1. un più adeguato livello di integrazione delle politiche regionali di promozione delle fonti rinnovabili con le altre politiche regionali (ambientali, agricole, territoriali) che interagiscono sostanzialmente con lo sviluppo delle fonti rinnovabili;
2. un’attività di concertazione istituzionale che crei le condizioni per una condivisione degli obiettivi di sviluppo delle rinnovabili nelle diverse realtà territoriali delle regioni, e le condizioni per lo svolgimento dei procedimenti autorizzativi; 
3. l’attivazione, nella fase di definizione dei nuovi programmi regionali di promozione delle fonti rinnovabili, di processi di governance che coinvolgano gli attori economico-sociali interessati in modo non episodico;  
4. una verifica delle politiche di incentivazione regionale varate tramite i fondi strutturali (POR) e piani di sviluppo rurale (PSR), rispetto agli obiettivi dei nuovi programmi regionali per  rinnovabili  e alle  politiche nazionali di incentivazione;
5. lo svolgimento della valutazione ambientale strategica per i nuovi piani energetici regionali con un approccio operativo per affrontare in modo adeguato i problemi di coerenza con le altre politiche regionali pubbliche rilevanti.

Scenario locale
I problemi di efficacia delle procedure autorizzative per gli impianti alimentati da fonti rinnovabili, spesso oggetto di conflitto ambientale, hanno la loro dimensione prioritaria di riferimento nello scenario locale.
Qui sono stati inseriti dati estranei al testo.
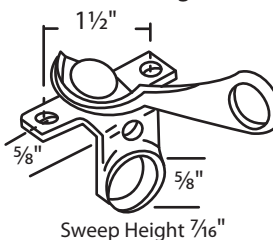

#02-01 White Bronze Bronze Casting
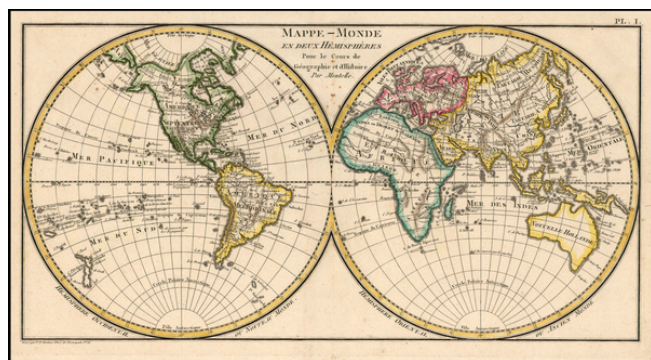

**Barry Lawrence Ruderman
Antique Maps Inc.**

7407 La Jolla Boulevard
La Jolla, CA 92037

www.raremaps.com

(858) 551-8500
blr@raremaps.com

**Mappe-Monde en Deux Hemispheres pour le Cours de Geographie et d'Histoire Par
Mentelle**

Stock#: 19390
Map Maker: Tardieu
Date: 1790
Place: Paris
Color: Outline Color
Condition: VG
Size:
Price: SOLD

Description:

Interesting double hemisphere map of the world, showing the results of the discoveries of Captain Cook's 3 voyages.

Hawaii is shown on the map. The Northwest Coast of America reflects the results of Cook's Voyages and New Zealand and the South Pacific are well described. No sign of Antarctica.

Detailed Condition:

Lo scenario locale è la dimensione in cui devono essere affrontate le problematiche di accettabilità sociale che coinvolgono le comunità locali, adottando un approccio preventivo e superando, sia da parte delle imprese che della pubblica amministrazione, un approccio burocratico formale nella gestione degli strumenti di comunicazione, informazione e partecipazione del pubblico interessato già previsti dalla normativa, in particolare quando è richiesta la valutazione di impatto ambientale.